Now, more than a half century later and in the midst of an economy-crushing pandemic, it’s time to rewrite FEBGA. We need a Full and Sustainable Employment Act, with the very name change communicating that growth is no longer sustainable.[1] The Full and Sustainable Employment Act will mark the transition from economic growth to a steady state economy, politically and every bit as formally as FEGBA called for growth.

Pro-growth politicians (or perhaps Big Money) came up with the brilliant metaphor, “A rising tide lifts all boats.” While at least one source attributes the phrase to President John F. Kennedy, it seems like the stuff of Madison Avenue. And, when limits to growth aren’t acknowledged, the logic illustrated by the metaphor is unassailable.
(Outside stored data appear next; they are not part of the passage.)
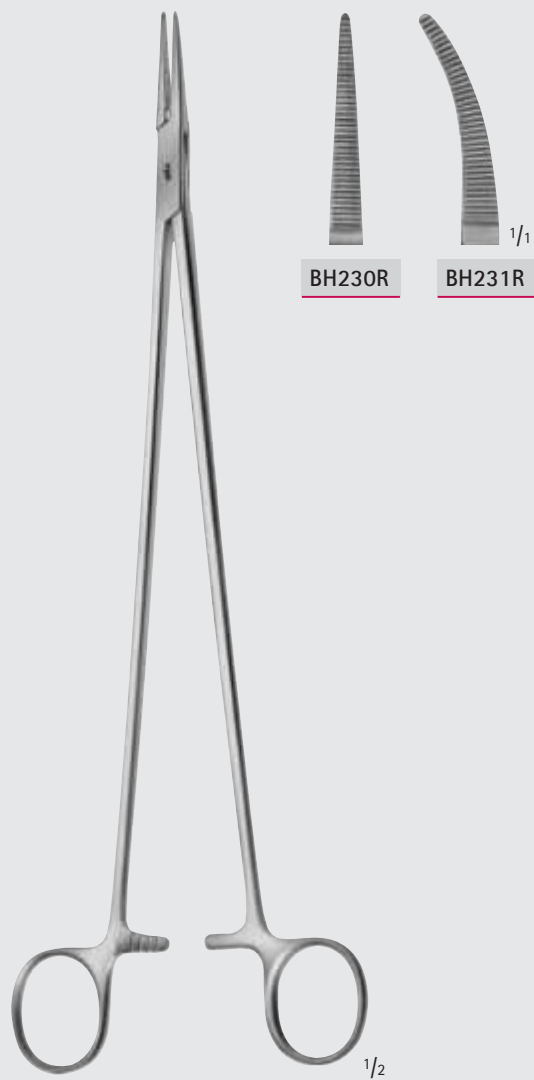

BH

MILLIMETERS

SAROT

BH224R-BH234R

240 mm, 9 1/2"

CRAFOORD

BH225R

245 mm, 9 3/4"

Arterienklemmen – Hemostatic Forceps

Feine Arterienklemmen

Delicate Hemostatic Forceps

BH

CRAFOORD, MOD.

BH227R

240 mm, 9 1/2"

BRIDGE

BH230R-BH231R

275 mm, 10 3/4"
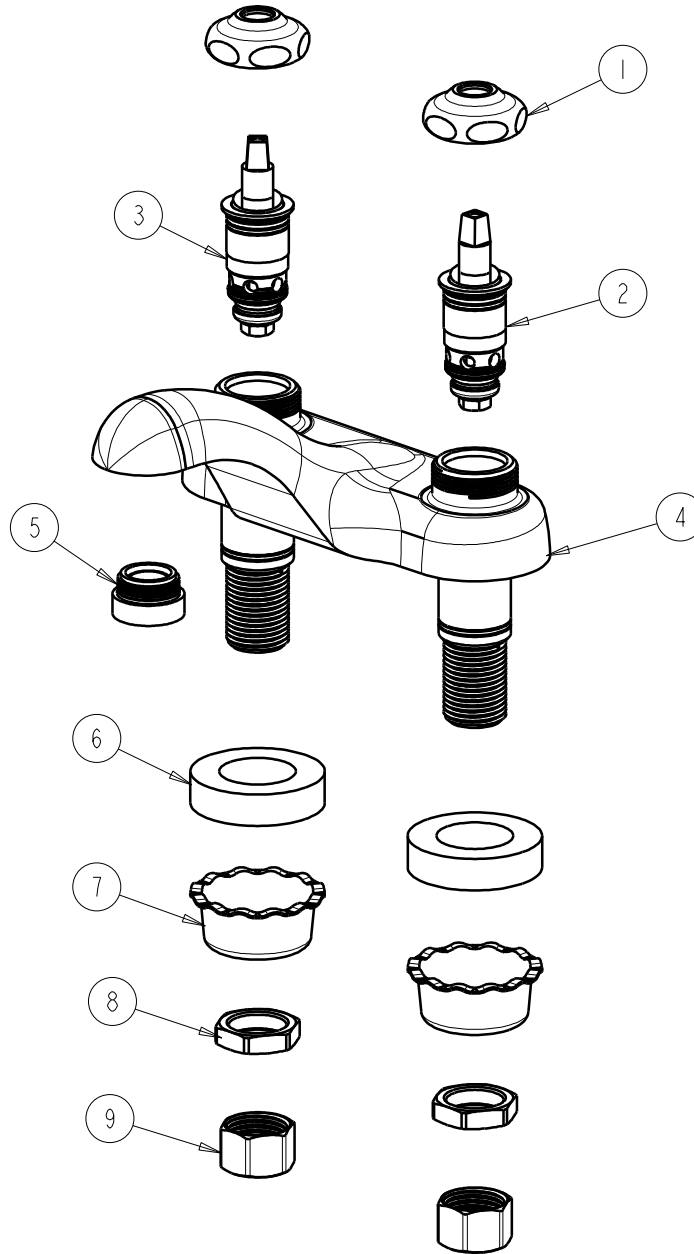

BY: SID

DATE: 05-20-09

CHK: *[Signature]*

REV:

ITEM NO.

FOR TECHNICAL ASSISTANCE
1-800-TEC-TRUE (1-800-832-8783)

ITEM	PART NO.	DESCRIPTION	ITEM	PART NO.	DESCRIPTION
1	1-214JKCP	CAP	6	555-313JKNF	WASHER
2	AB1-099XTJKNF	QUATURN UNIT (RH)	7	1797-114JKNF	BASIN COCK WASHER
3	AB1-100XTJKNF	QUATURN UNIT (LH)	8	49-004JKRBF	LOCKNUT
4	---	VALVE BODY NOT SOLD SEPARATELY	9	49-005JKRBF	COUPLING NUT
5	E12VPJKCP	V.R. SOFTFLO AERATOR W/ KEY			
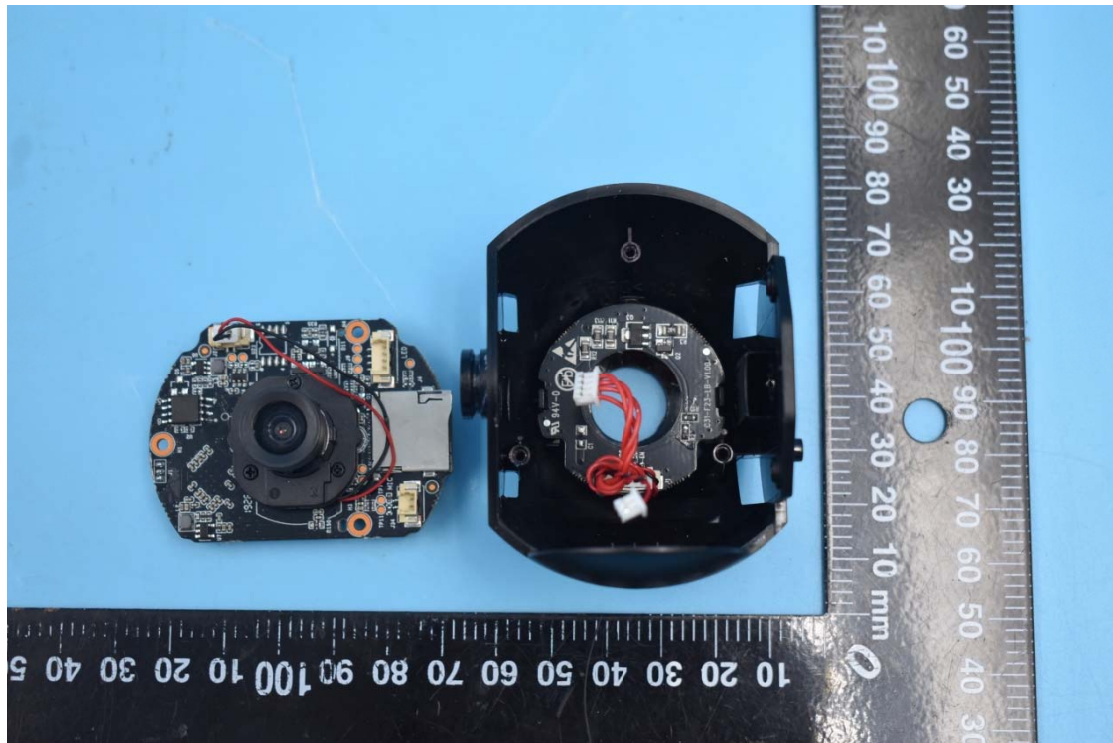

FCC ID:2ASAQ-A31

Internal Photos

1. EUT uncover view

2. Antenna view

WiFi Antenna
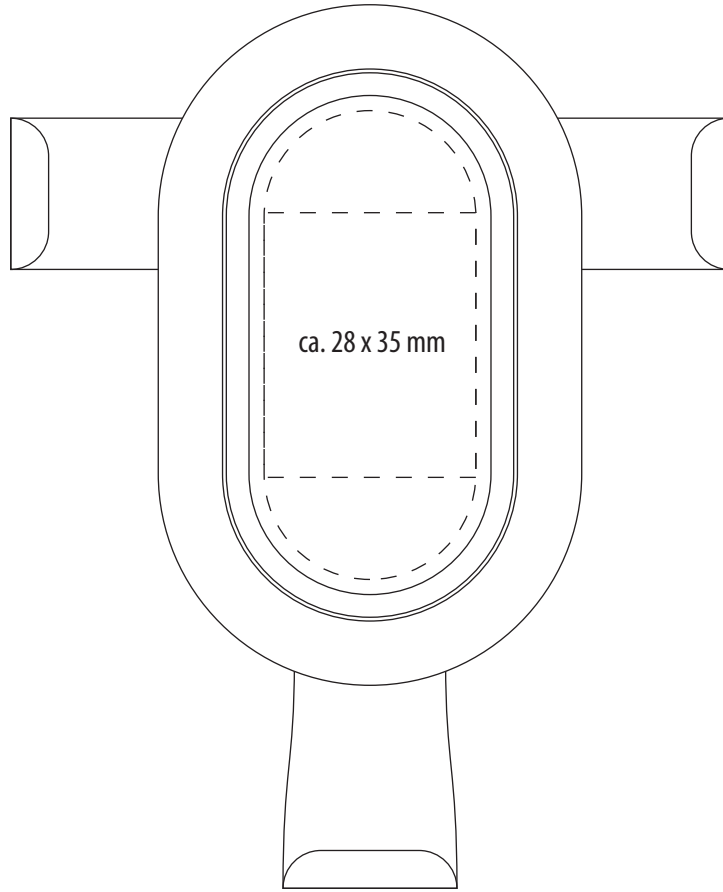

CAR WIRELESS CHARGING STATION **REFLECTS-MAIDSTONE** (52348)

LASERENGRAVING

CAR WIRELESS CHARGING STATION **REFLECTS-MAIDSTONE** (52348)

PAD PRINT
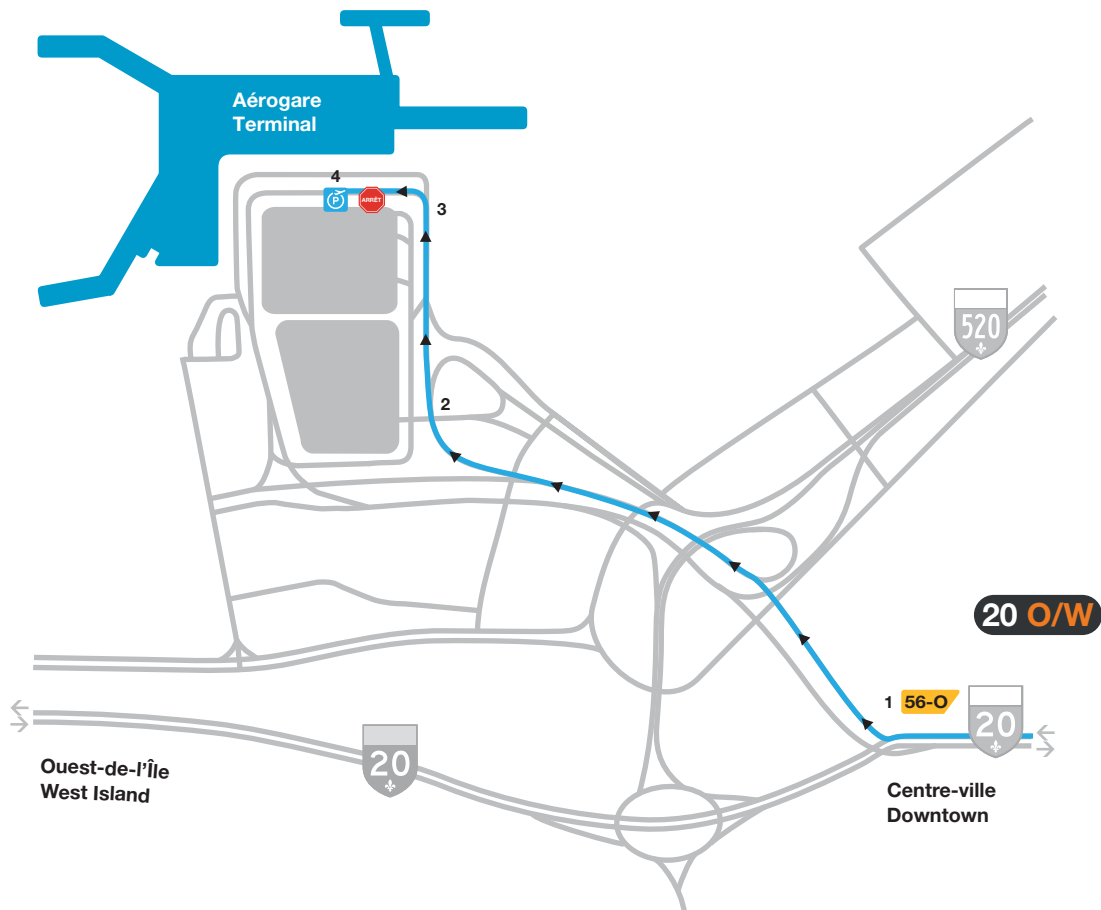

ValetParc

DRIVING DIRECTIONS

FROM HIGHWAY 20 **WEST** (Montréal)

FROM HIGHWAY 20 **EAST** (West Island)

FROM HIGHWAY 520 **WEST**

ValetParc

DRIVING DIRECTIONS

FROM HIGHWAY 20 WEST (Montréal)

- 1 Take Exit 56-O, following the sign for the airport.
- 2 Follow directions to Terminal.
- 3 Follow directions to ValetParc/Arrivals.
- 4 When you reach the passenger drop-off area, the entrance to ValetParc is on your left after the first stop sign.

ValetParc

DRIVING DIRECTIONS

FROM HIGHWAY 20 EAST (West Island)

- 1 Take Exit 56, following the sign for the airport/A-520 Est/Avenue Dorval.
- 2 In the Dorval roundabout follow directions to the airport/Autoroute Côte-de-Liesse (A-520 Est).
- 3 As you drive beneath the overpass, stay in the left lane and follow directions to the airport.
- 4 Follow directions to Terminal.
- 5 Follow directions to ValetParc/Arrivals.
- 6 When you reach the passenger drop-off area, the entrance to ValetParc is on your left after the first stop sign.

ValetParc

DRIVING DIRECTIONS

FROM HIGHWAY 520 WEST

- 1 Take Exit 1-O, following the sign for the P.-E.-Trudeau Airport.
- 2 Follow directions towards P.-E.-Trudeau Airport.
- 3 Follow directions to Terminal.
- 4 Follow directions to ValetParc/Arrivals.
- 5 When you reach the passenger drop-off area, the entrance to ValetParc is on your left after the first stop sign.

All else equal (“ceteris paribus” in econ-speak), a growing GDP means more jobs. Of course the devil is in the phrase “all else equal,” because little is equal on the tilted chess board of a capitalist economy. Instead of more jobs, a growing GDP too often means more expensive technology and billionaire CEOs, who are just as effective at blasting ships out of the water as making way for more boats.

Either way, the metaphor of the rising tide sinks like a presidential approval rating when limits to growth are recognized, as they increasingly are and should especially be in the context of COVID-19. There is only so much water; the tide can’t rise forever. There is a limit to the number of boats at sea, too, and even a limit to boat-building material on shore. It’s high time for the “rising tide” metaphor to ebb all the way back into the rustic recesses of faded political minds.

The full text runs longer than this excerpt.